Collected data:

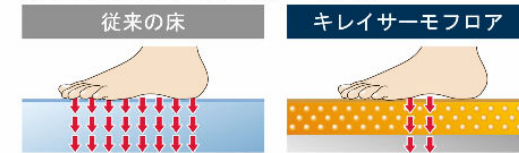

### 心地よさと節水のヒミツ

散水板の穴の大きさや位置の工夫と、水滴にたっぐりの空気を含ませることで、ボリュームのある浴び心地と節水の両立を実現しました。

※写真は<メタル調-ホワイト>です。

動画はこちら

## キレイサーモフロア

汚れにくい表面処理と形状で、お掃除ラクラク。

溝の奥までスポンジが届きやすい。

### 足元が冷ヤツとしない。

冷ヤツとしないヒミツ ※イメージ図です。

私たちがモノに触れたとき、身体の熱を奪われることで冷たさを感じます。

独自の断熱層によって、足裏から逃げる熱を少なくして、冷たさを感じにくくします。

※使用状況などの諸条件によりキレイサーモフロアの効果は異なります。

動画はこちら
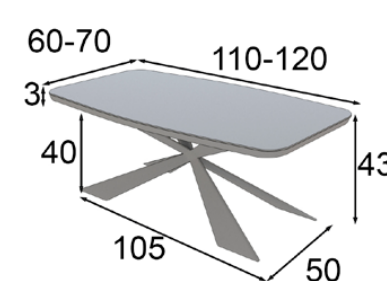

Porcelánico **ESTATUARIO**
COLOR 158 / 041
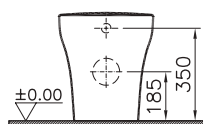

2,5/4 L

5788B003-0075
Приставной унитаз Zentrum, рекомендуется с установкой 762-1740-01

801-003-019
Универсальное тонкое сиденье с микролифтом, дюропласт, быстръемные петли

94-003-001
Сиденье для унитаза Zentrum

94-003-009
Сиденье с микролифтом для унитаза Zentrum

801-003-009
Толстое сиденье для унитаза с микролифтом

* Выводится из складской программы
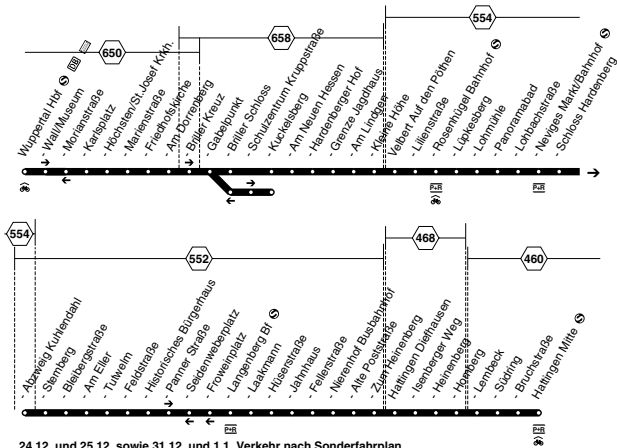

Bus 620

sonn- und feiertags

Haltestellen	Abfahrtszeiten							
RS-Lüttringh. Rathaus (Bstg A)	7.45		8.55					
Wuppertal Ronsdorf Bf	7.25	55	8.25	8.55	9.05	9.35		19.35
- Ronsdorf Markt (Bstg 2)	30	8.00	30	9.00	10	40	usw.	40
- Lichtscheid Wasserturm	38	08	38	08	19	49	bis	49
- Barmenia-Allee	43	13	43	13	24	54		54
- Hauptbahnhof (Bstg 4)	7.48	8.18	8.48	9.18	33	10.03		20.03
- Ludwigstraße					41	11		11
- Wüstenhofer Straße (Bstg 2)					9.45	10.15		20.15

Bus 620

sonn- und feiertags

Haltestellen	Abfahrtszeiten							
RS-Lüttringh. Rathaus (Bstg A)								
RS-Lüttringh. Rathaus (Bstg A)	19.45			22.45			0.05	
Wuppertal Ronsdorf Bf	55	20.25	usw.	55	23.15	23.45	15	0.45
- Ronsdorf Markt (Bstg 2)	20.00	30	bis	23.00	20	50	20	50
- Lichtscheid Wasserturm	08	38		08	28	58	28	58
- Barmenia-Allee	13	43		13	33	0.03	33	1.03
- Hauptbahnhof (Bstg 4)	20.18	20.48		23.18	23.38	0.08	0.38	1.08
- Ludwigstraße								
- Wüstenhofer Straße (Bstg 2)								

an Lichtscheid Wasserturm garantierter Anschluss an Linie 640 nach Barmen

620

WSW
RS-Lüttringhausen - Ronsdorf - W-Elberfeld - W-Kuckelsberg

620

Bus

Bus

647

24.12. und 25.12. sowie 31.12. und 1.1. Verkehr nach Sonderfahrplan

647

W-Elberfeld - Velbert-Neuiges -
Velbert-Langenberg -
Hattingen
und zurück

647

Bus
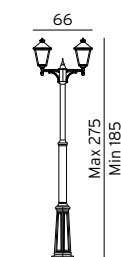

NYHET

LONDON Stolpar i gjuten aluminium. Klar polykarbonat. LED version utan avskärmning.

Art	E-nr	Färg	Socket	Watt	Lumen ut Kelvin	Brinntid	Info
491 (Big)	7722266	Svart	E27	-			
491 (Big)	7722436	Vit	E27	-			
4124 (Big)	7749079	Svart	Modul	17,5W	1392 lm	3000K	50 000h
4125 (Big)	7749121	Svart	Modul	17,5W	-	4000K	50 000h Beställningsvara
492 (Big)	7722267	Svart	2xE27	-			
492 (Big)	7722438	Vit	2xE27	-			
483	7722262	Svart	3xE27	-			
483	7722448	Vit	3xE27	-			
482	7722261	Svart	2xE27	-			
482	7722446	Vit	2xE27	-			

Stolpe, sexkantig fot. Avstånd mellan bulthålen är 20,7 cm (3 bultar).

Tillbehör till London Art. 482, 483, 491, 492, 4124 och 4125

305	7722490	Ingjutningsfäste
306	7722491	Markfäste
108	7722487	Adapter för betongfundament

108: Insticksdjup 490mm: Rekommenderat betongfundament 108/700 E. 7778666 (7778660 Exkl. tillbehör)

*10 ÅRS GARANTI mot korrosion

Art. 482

Work instructions: Transcribe exactly the lines from the one containing "Tillbehör till London" through the end of the records, both included, and nothing else.

Task solution:
Tillbehör till London Art. 482, 483, 491, 492, 4124 och 4125

305	7722490	Ingjutningsfäste
306	7722491	Markfäste
108	7722487	Adapter för betongfundament

108: Insticksdjup 490mm: Rekommenderat betongfundament 108/700 E. 7778666 (7778660 Exkl. tillbehör)

*10 ÅRS GARANTI mot korrosion

Art. 482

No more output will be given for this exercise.